Dal punto di vista territoriale, la produzione del valore aggiunto del sistema imprenditoriale della Blue Economy riflette il diverso posizionamento geografico delle aree territoriali. Sono il Centro e il Mezzogiorno a sviluppare la maggiore ricchezza del settore. Il primo per oltre 16 miliardi di euro di valore aggiunto, contribuisce per il 31,1% all’intera ricchezza prodotta dall’economia del mare nel 2021, mentre il Mezzogiorno con oltre 15 miliardi di euro, contribuisce per quasi un altro terzo.
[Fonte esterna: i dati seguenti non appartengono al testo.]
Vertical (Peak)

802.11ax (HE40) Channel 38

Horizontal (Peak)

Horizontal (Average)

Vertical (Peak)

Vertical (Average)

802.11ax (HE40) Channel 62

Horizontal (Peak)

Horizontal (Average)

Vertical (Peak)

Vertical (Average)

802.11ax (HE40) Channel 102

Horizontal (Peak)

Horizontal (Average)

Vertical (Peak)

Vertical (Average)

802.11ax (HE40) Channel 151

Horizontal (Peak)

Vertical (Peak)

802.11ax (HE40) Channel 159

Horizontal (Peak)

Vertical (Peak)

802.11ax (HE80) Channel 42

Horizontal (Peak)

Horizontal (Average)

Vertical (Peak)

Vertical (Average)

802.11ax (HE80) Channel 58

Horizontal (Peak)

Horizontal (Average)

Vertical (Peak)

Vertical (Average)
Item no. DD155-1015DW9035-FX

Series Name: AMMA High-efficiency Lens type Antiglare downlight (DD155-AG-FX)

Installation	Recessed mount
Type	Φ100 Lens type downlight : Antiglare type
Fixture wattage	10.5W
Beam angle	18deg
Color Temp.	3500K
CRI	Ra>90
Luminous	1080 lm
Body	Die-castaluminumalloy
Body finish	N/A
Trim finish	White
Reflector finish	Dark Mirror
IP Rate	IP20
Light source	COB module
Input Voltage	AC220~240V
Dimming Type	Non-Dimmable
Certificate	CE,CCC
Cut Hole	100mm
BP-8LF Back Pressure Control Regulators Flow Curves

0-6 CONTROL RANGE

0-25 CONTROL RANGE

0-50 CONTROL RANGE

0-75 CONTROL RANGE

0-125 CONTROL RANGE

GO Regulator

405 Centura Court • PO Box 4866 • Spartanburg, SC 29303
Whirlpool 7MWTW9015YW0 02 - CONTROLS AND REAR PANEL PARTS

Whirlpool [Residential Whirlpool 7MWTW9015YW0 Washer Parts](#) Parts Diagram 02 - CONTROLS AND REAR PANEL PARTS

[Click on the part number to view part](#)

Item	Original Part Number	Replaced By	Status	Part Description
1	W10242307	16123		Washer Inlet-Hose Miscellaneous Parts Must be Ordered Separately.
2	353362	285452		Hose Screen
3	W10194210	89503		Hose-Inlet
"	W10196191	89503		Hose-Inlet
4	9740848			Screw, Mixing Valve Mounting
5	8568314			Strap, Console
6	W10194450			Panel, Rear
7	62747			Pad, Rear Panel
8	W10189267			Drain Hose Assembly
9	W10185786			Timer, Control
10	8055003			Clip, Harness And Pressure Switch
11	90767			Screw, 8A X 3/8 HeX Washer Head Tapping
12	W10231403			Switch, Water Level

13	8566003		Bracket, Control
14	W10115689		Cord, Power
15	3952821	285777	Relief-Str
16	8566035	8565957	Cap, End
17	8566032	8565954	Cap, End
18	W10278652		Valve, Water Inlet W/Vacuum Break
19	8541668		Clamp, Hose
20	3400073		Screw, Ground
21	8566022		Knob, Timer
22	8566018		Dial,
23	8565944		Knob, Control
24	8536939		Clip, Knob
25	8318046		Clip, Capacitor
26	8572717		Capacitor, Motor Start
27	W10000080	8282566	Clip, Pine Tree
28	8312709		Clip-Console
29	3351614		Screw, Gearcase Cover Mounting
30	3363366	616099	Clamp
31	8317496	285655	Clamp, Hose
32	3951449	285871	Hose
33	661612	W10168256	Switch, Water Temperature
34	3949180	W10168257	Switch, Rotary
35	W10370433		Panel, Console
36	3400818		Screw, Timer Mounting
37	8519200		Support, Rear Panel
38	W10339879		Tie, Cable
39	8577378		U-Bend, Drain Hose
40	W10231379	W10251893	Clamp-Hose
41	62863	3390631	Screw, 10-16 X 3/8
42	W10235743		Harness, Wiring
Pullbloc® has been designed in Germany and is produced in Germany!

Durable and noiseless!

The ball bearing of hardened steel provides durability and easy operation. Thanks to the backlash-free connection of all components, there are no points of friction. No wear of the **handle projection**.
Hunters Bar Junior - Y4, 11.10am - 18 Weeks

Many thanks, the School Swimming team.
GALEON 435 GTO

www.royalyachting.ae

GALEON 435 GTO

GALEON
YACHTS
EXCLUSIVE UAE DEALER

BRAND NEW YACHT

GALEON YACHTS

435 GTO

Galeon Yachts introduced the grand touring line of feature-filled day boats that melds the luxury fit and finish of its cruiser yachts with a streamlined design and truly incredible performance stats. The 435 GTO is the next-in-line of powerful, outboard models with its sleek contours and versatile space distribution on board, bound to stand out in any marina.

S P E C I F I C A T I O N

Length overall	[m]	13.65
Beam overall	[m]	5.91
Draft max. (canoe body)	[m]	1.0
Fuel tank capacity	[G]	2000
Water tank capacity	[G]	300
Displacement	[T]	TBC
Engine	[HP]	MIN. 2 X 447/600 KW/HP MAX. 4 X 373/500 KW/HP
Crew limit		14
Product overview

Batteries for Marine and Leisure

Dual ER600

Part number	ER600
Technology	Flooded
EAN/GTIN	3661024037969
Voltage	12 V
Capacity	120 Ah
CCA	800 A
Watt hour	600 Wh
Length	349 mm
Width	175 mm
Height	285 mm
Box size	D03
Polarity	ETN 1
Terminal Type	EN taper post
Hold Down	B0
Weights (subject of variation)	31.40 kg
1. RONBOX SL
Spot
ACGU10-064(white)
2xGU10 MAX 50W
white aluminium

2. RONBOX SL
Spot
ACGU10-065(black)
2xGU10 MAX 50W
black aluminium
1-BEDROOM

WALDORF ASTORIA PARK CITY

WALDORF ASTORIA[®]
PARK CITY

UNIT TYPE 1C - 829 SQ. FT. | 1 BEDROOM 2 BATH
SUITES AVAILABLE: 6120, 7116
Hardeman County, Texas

Seguono i Nord-Ovest e il Nord-Est.
Il Mezzogiorno e il Centro si contraddistinguono anche in riferimento ai dati sul mercato del lavoro.
Nonostante a livello di ripartizione territoriale il mezzogiorno e il Centro costituiscano le aree con i valori più elevati, sia in termini di valore aggiunto che di occupati, dal punto di vista regionale è la Liguria a ricoprire un ruolo di primo piano per incidenza sul totale dell’economia regionale sia per la ricchezza prodotta, sia per l’occupazione.
Al secondo posto il Lazio, a seguire il Friuli Venezia Giulia, la Campania, la Calabria, la Puglia, la Sicilia, le Marche, la Toscana.
Per incidenza di occupati Liguria, Lazio e Sardegna sono seguite da Sicilia, Marche, Campania.
Per quanto riguarda le province al primo posto spicca Trieste, seguono Livorno, La Spezia, Genova, Vibo Valentia, Rimini, Venezia, Sassari, Gorizia e infine Savona.
Sotto il profilo occupazionale al primo posto si colloca Genova, seguono Livorno e La Spezia.
Le imprese legate all’Economia del Mare
Sono oltre 228mila le imprese iscritte nei Registri delle Imprese delle Camere di commercio italiane che operano nell’economia del mare.
Di queste 206mila sono localizzate nelle zone costiere.
Dal punto di vista settoriale, la concentrazione maggiore di imprese delle Blue Economy si evidenzia nel settore dei servizi di alloggio e ristorazione che persa per il 47,8% sul totale delle imprese del Sistema mare. Seguono le attività sportive e ricreative, la filiera ittica. Supera il 12% il contributo della cantieristica.
A livello di macro-ripartizione, il Mezzogiorno e il Centro sono le aree geografiche in cui la Blue Economy pesa maggiormente sul tessuto produttivo.
Nel 2022 le imprese della Blue Economy guidate da giovani under 35 risultano poco meno di 21mila.
Al 31 dicembre 2022 nel Registro Imprese risultano 50.492 imprese femminili afferenti al Sistema mare. Il 22,1% del totale delle imprese blu.
A fine 2022 sono 16.181 le imprese a conduzione straniera.